I’ve written a few columns over the years about Jack Schumacher. He was a 14-year-old kid who loved baseball. He died seven years ago after an ugly battle with osteosarcoma.
Jack endured months of radiation treatments, multiple rounds of chemotherapy, and had a surgery to remove a portion of his pelvis. His mother, Tammi, told me she crawled into the hospital bed and cradled her son’s body in the final minutes of his life.
She was clutching Jack when he died — 6:36 a.m. on a Friday in late May. I have three children. That scene hit me like a bag of bricks.
I spoke with Tammi this week. We talk once a year, usually near the anniversary of her son’s death. I’ll tell you more about that in a moment, but Tammi told me one of the things she remembers most about the final weeks of Jack’s life is how strong he was for those around him.
He spent time with his two siblings, giving them peace. He devised a campaign to purchase LEGO sets for children at the hospital. And he instructed his family that he wanted his vital organs to be donated so that others might live.
“He fought like crazy to beat it,” Tammi told me. “Once he was told there was nothing more that could be done, it was a moment of despair and intense grief.
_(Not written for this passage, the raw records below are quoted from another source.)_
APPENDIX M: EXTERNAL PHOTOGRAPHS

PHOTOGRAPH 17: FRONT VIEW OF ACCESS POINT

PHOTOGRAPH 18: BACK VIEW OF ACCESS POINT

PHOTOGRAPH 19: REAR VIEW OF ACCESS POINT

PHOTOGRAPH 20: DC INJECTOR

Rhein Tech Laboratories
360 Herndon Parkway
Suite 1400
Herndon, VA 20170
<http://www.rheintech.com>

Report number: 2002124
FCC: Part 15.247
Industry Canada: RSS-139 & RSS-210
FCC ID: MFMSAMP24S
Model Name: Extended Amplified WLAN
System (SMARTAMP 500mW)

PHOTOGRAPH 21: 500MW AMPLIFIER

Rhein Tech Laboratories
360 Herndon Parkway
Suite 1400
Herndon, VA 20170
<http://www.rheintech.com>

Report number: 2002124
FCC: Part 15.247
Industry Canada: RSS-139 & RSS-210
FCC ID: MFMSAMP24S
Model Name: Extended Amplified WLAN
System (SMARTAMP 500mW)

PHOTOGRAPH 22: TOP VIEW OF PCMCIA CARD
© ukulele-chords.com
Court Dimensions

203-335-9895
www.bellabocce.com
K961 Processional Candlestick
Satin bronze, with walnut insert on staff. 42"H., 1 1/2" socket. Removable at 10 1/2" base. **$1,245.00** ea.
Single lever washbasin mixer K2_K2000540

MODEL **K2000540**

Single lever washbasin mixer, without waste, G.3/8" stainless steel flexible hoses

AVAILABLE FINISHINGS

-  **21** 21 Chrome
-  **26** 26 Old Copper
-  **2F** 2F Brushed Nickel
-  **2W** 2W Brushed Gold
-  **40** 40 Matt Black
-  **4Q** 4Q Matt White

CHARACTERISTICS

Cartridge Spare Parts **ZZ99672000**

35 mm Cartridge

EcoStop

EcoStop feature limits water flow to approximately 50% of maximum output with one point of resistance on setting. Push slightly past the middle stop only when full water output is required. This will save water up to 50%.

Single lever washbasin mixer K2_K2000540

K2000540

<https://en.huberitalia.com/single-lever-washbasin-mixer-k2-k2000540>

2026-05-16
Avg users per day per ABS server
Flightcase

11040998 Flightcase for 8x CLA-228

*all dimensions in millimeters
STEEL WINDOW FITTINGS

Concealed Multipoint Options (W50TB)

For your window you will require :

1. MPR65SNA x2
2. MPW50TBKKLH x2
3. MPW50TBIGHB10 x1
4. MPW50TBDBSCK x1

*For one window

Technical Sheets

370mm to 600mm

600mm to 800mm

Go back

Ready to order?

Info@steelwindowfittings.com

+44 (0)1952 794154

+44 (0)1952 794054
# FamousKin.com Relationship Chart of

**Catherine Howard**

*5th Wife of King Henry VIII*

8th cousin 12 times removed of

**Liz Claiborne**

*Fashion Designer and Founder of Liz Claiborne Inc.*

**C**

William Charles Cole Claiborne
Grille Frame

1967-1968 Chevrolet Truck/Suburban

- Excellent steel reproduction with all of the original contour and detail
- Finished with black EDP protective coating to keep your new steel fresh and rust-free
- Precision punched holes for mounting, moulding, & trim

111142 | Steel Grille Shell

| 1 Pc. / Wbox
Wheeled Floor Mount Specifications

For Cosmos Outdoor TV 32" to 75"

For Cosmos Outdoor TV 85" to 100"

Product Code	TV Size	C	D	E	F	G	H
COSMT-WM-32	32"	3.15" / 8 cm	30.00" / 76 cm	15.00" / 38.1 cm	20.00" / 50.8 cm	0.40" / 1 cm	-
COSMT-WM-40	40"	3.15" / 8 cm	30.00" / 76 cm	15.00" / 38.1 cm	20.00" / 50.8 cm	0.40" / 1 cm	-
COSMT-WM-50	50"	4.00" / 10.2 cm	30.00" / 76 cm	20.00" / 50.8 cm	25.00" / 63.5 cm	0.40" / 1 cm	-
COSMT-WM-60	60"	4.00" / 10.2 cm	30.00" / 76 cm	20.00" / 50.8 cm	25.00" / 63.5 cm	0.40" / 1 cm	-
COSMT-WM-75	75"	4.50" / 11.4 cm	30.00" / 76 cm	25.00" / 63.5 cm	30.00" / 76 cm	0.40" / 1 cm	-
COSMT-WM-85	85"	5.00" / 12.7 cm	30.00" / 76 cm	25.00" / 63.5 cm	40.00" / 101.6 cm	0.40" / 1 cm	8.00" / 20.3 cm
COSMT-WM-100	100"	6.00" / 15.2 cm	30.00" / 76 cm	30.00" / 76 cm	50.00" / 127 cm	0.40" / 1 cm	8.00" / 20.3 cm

It was, ‘I’m not going to live.’ Then there was acceptance and old-school wisdom and maturity that came out of him that was incredible to watch as he lived those final four or five months after he found out he was terminal.
“He was quite the kid. I’m proud to be his mom.”
Jack was a star pitcher on his youth baseball team. He was also skilled at math and might have studied to be an engineer. He’d have been a junior in college this year, and the trajectory of his promising pitching career might have put him in a uniform at Oregon, Oregon State, or some other school.
So what’s got you down today? A stiff neck? A bum knee? Annoying neighbor? An ongoing family squabble? A toxic co-worker? Lousy boss? Pick your petty ailment. I’m not here to tell you those things don’t matter, but I am here to say that Tammi would probably trade your grief for hers.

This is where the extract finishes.